完颜康气得浑身哆嗦,奋力挣扎着撞向段天德:“你这蠢货!胡说八道什么!”
段天德为了活命,哪里还顾得上完颜康,只顾着把所有内情和盘托出,将完颜洪烈的阴谋说了个底朝天。
就在此时,门外传来一个沙哑却洪亮的声音:“谁叫段天德?!”
段尘心中一动,这声音再熟悉不过,正是江南七侠之首的柯镇恶!他连忙起身,快步走向门口:“柯大侠!晚辈段尘在此恭候!”
只见归云庄的下人正引着七位侠客走来,柯镇恶手持铁杖,双目虽盲,却气度凛然;朱聪手持折扇,一脸狡黠;韩宝驹骑着矮脚马,性子急躁……江南七侠齐聚,庄内的气氛顿时变得热烈起来。
“段小子!你怎么也在这?”柯镇恶闻声辨人,脸上露出了笑意,其余六侠也纷纷拱手,显得十分欣喜。
段尘将七侠请到座位上,随即抬脚一勾,将跪在地上的段天德踢到众人面前,沉声道:“柯大侠,诸位前辈,此人便是我义弟郭靖的杀父仇人——段天德!”
段天德吓得面如土色,连连磕头:“大侠饶命!我不认识什么郭靖啊!”
段尘环视众人,沉声将十八年前的旧事娓娓道来:“十八年前,完颜洪烈为了夺取杨铁心的妻子包惜弱,设计陷害郭、杨两家,指使段天德带兵围攻牛家村。郭啸天大哥当场惨死,杨铁心大哥失踪,郭靖的母亲李萍与杨铁心的妻子包惜弱也因此流离失所……这一切的始作俑者,便是眼前的段天德,而幕后真凶,正是金国六王爷完颜洪烈!”
段天德听到这里,终于想起了那段往事,他瘫软在地,泪流满面地叩首:“是我糊涂!是完颜洪烈用金银珠宝收买了我!他说只要除掉郭、杨二人,就能让我升官发财!我一时鬼迷心窍,才犯下了滔天大罪啊!”

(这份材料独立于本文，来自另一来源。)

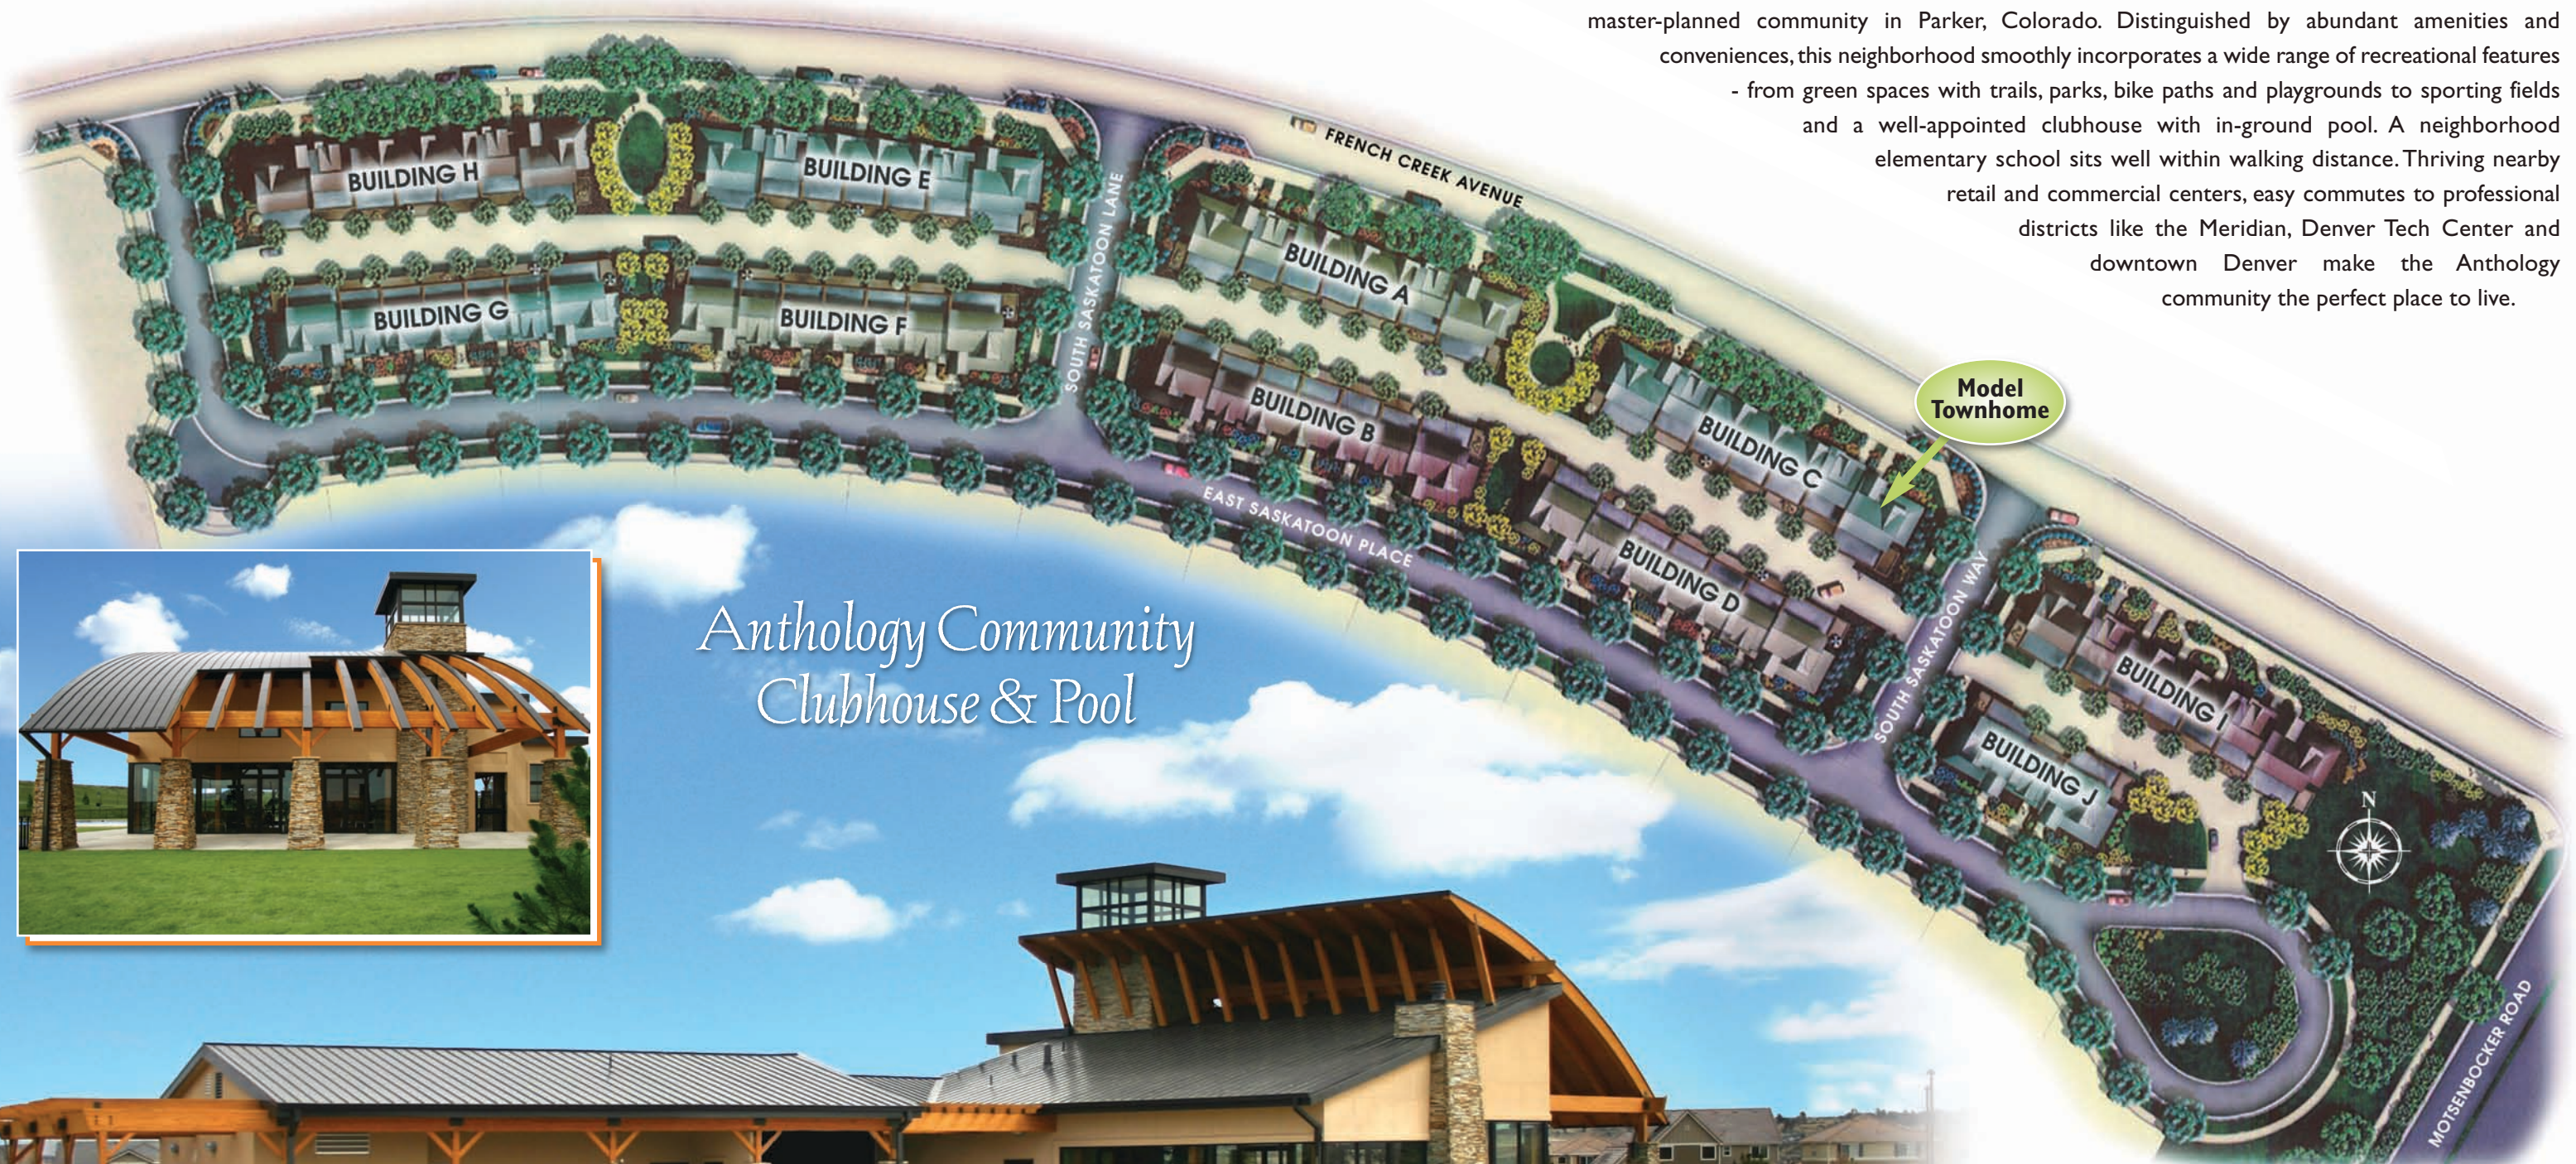

SunMarke at Anthology- The Place To Be

Right in the path of Colorado's most successful developmental expansion lies Anthology - a fast growing, master-planned community in Parker, Colorado. Distinguished by abundant amenities and conveniences, this neighborhood smoothly incorporates a wide range of recreational features - from green spaces with trails, parks, bike paths and playgrounds to sporting fields and a well-appointed clubhouse with in-ground pool. A neighborhood elementary school sits well within walking distance. Thriving nearby retail and commercial centers, easy commutes to professional districts like the Meridian, Denver Tech Center and downtown Denver make the Anthology community the perfect place to live.

Anthology Community Clubhouse & Pool

All renderings, photographs, floor plans, dimensions, amenities, upgrades and other information depicted herein are representational only and subject to change at the Seller's sole discretion.
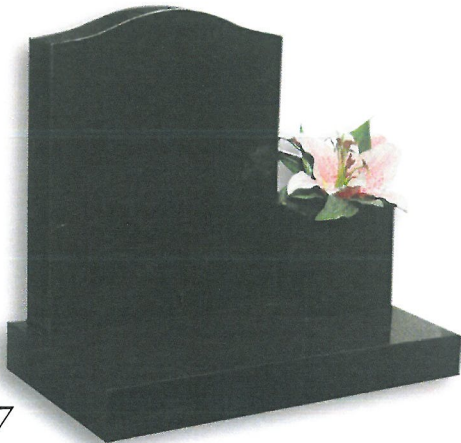

## CHILDREN'S MEMORIALS

**FM143**

- Royal Green
- Heart 18"x15"x2"
- Desk 18"x18"x3/1.5"
- Desk base gives more inscription space

**FM144**

- Pearl Grey
- Headstone 18"x12"x2"
- Base 15"x10"x2"
- Vase 6"x6"x6"

**FM145**

- Opal Pink
- Book 12"x12"x2"
- Base 15"x10"x2"
- Rests 8"x4"x2"
- Curved Page book with unpolished fine carved tassel

**FM146**

- Blue Pearl
- Headstone 12"x15"x2"
- Desk 18"x18"x3/1.5"
- Cremation headstone with sloping desk for additional inscriptions

**FM147**

- Black
- Headstone 15"x12"x2"
- Base 18"x12"x2"
- Vase 6"x6"x6"
- Cremation memorial with side vase

**FM148**

- White Pearl
- Heart 15"x15"x3"
- Base 18"x12"x2"
- Rest 12"x3"x2"
- Rounded heart creating a cushioned effect

完颜康如遭雷击,踉跄着后退几步,失魂落魄地喊道:“不可能!父王不是这样的人!我不信!我不信!”
江南七侠听罢,个个怒目圆睁,柯镇恶的铁杖重重地砸在地面,发出“咚”的一声闷响:“完颜洪烈!老夫定要为郭大哥报仇!”
段尘见真相大白,拔出腰间佩剑,剑光一闪,快如流星。只听“噗”的一声,段天德的头颅滚落在地,鲜血染红了地面。他对着江南七侠拱手道:“前辈们,这是我对郭靖的承诺,今日终于为郭伯父报了仇。”
七侠纷纷拱手道谢,朱聪当即取来笔墨纸砚,在桌上奋笔疾书,将段天德的供词、完颜康的阴谋一一记录下来:“陆庄主,麻烦你安排飞鸽传书,抄录数十份,分送各地武林同道,同时派人寻找蒙古使节与郭靖贤侄。若能找到金刀驸马,直接将信交给他。”
陆乘风当即应允:“七侠放心,归云庄的信鸽遍布江南,定不辱命。”
朱聪又补充道:“这两年成吉思汗大帝威名远播,立志华夏一统,从不滥杀无辜,百姓与武林人士都对他十分认可。郭靖贤侄在草原深得重用,这也是一大幸事。”
柯镇恶叹了口气:“一个月前,我们收到郭靖的消息,杨铁心夫妻已经在草原隐姓埋名,与李萍一起牧牛放羊,十分安全。至于杨康……顺其自然吧,我们不会强迫他认祖归宗。”
段尘听到这个消息,心中大石落地,脸上露出了欣慰的笑容。
随后,众人一同享用了丰盛的午宴,席间谈论江湖轶事、武学心得,气氛十分融洽。归云庄上下早已听闻江南七侠的威名,对众人更是礼遇有加。
傍晚时分,一名下人慌慌张张地冲进大厅,手中捧着一个锦盒与一封书信,声音发颤:“庄主!外面送来的……说是给您的!”
陆乘风接过锦盒,小心翼翼地打开,只见里面是一个骷髅头,头骨上插着五个深可见骨的指洞,正是梅超风九阴白骨爪的标志性痕迹!众人脸色骤变,柯镇恶更是厉声喝道:“黑风双煞的梅超风!”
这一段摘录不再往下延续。